**Information shown**
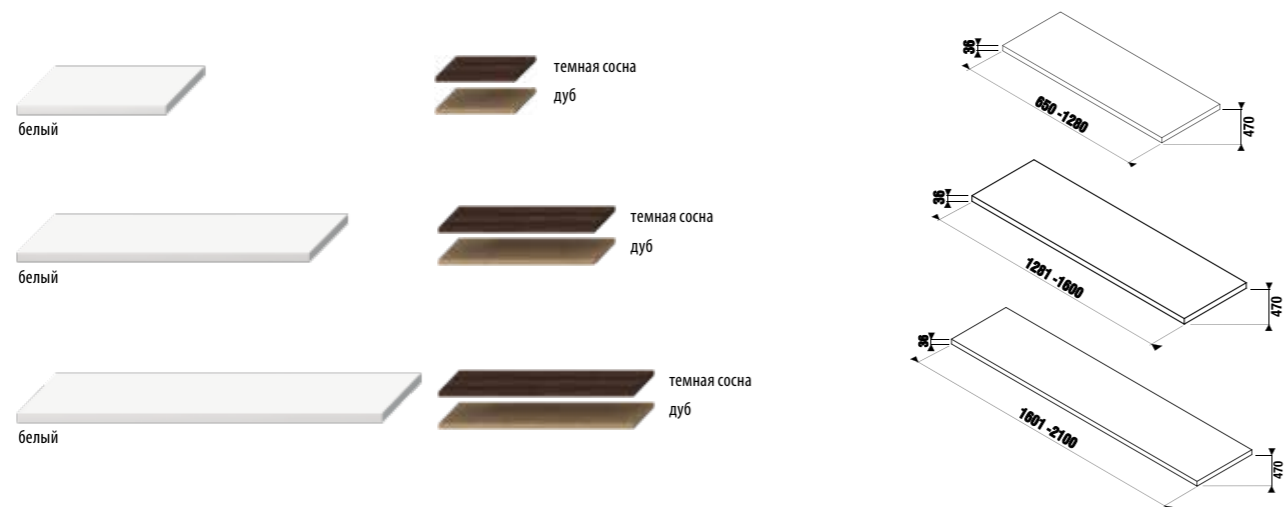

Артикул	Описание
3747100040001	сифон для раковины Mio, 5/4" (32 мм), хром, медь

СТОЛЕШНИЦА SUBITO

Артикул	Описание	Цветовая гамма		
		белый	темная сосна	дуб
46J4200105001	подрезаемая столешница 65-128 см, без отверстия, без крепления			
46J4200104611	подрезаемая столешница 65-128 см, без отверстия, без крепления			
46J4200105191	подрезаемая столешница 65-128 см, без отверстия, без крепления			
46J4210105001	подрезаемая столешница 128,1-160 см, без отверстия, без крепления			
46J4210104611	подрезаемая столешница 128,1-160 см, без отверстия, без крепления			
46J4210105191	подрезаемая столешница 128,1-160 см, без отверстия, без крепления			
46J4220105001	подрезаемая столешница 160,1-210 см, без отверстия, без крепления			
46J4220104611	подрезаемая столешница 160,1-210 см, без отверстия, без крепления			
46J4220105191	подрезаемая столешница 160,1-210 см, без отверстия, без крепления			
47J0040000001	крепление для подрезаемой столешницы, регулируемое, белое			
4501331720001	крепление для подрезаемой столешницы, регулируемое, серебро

--

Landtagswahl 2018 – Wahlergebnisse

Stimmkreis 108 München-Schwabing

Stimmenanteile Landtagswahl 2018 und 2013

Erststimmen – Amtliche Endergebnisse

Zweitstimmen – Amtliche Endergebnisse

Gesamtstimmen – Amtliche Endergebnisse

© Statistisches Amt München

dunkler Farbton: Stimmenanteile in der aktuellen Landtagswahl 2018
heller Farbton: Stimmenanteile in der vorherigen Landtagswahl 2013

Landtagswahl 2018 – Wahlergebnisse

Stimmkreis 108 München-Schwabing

**To do**
Report the number of lines above that hold "Описание", and leave out everything else.

**Final answer**
2